Antimatter solves many of the problems that arise with today's approach to the problem:
- Identifying sensitive data to redact is challenging, especially if it's embedded in unstructured data (e.g it came from a comment field that customers can type anything into). Antimatter has built in classification.
- Storing metadata that identifies sensitive information within a mixed (semi-structured) dataset doesn't have a good solution today. Antimatter's capsule object format stores this with the data.
- The decisions of what data needs to be redacted, and when, are actually about security policy rather than data science, and often need to be made by completely different stakeholders. Antimatter lets you configure these policies separately.
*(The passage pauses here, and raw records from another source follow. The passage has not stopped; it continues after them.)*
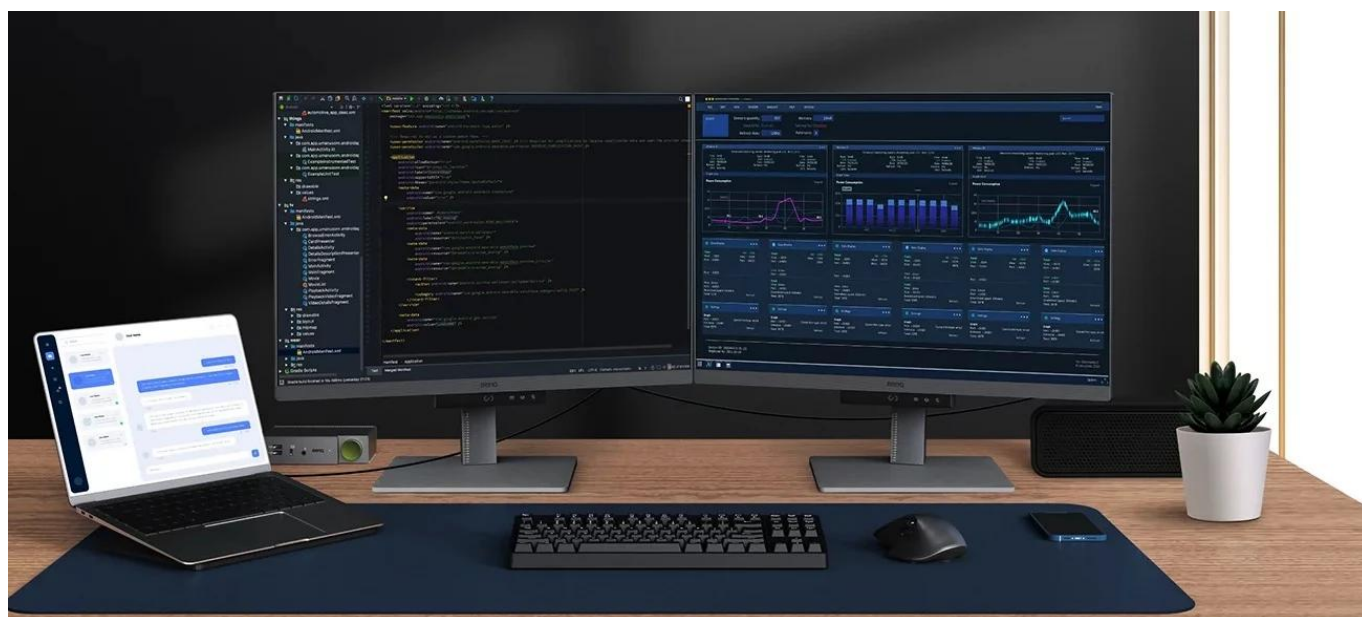

**Popis****Monitor BenQ RD280U - zaostřeno na kódování**

**Monitor BenQ RD280U** je navržen pro potřeby programátorů a jejich náročné požadavky. Na displeji s úhlopříčkou 28,2" přehledně a jasně zobrazí kódy a umožní vám plné ponoření do programátorských projektů. **Antireflexní obrazovka** potlačuje nepříjemné odlesky, a tak vám umožní pracovat v rozmanitých světlených podmínkách. Vše je navíc perfektně čitelné a ostré díky **rozlišení 4K+**.

**Monitor BenQ RD280U** disponuje **pokročilými režimy pro specifické potřeby** kódování, které zajišťují čisté písmo a zlepšené rozlišení. Při práci na náročných projektech oceníte také nižší námahu očí při dlouhodobém nasazení. Režimy nabízí světlé i tmavé motivy podle toho, v jakých podmínkách programujete. Snadno také **upravíte jas nebo kontrast**, abyste dosáhli ideálního prostředí pro práci.

nastavení displeje pod dokonalou kontrolou. V rámci multitaskingu můžete **monitor BenQ RD280U** propojit s dalšími monitory pomocí **technologie Daisy Chain**. Další možnosti konektivity zajišťují porty **HDMI, DisplayPort, Thunderbolt 3** nebo **USB**.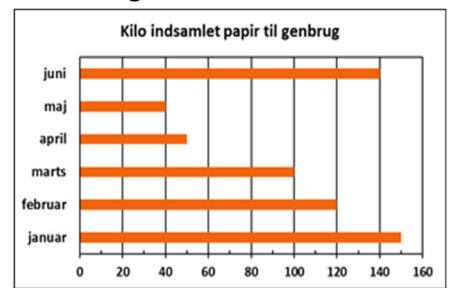

Hvilke måneder lå under 60 kg?

27a

www.trine-evald.dk

QB grafer 11

Hvem spiste mest frugt: drengene eller pigerne?

28a

www.trine-evald.dk

QB grafer 11

Hvor mange sodavand blev i alt drukket fredag og lørdag?

29a

www.trine-evald.dk

QB grafer 11

Hvor mange måneder lå over 60 kg?

30a

www.trine-evald.dk

QB grafer 11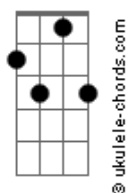

© ukulele-chords.com

F7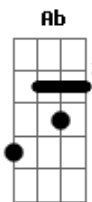

© ukulele-chords.com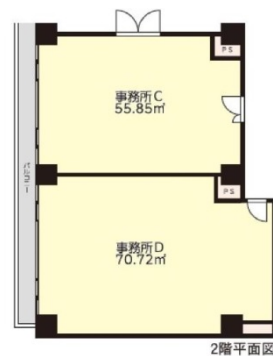

パークアクシス千葉新町 2階21.39坪

千葉県千葉市中央区新町1-14

物件MAP

賃貸条件	
月額賃料	280,000円 (税別)
坪数	21.39坪
坪単価	13,090円 (税別)
共益費	無し
礼金	1ヶ月
敷金 (保証金)	6ヶ月
階数	2階 (D)
入居可能日	相談

ビル情報	
所在地	千葉県千葉市中央区新町1-14
最寄り駅	
エリア	千葉駅エリア
竣工	2007年5月
耐震	
階数	地上13階
用途	事務所
構造	

設備情報	
エレベーター	1基
空調	個別空調
OAフロア	
基準階天井高	
光ファイバー	
トイレ	男女別・室外
セキュリティ	有り
駐車場	有り

- The complexity of datamarts increase when you need to respect customer opt-in. It's easy to accidentally use customer data for a purpose that the customer has recently opted-out of because your dataset was materialized before they changed their preferences. Antimatter gives you tools for customer opt-in tracking with real-time effect.
- The number of copies grows when you start respecting data residency. You often have
R x U
copies whereR
is the number of regions andU
is the number of use cases or teams interacting with that data. Data residency policies are simple to express in Antimatter without copying data. - If the data is going to be used in a customer-facing feature, you often need to respect the partitioning of data that the customer controls (e.g. ensuring a customer does not see a report that covers data they are not permitted to see). This requires expression and enforcement of policy that exists in the original operational systems, but in a data science workflow. Antimatter lets you enforce nuanced and dynamic policies without copying the data or writing any enforcement mechanisms.
In summary, Antimatter lets you classify data once, store it with that classification metadata in an encrypted object format, and then read different subsets and transformations of that data from multiple different contexts. It also lets you control the policy around which data can be read when in a manner completely detached from the actual data processing pipeline. It integrates with existing identity providers and customer identity context to allow your policy to easily express topics such as data residency restrictions or customer-controlled data compartmentalization without custom code.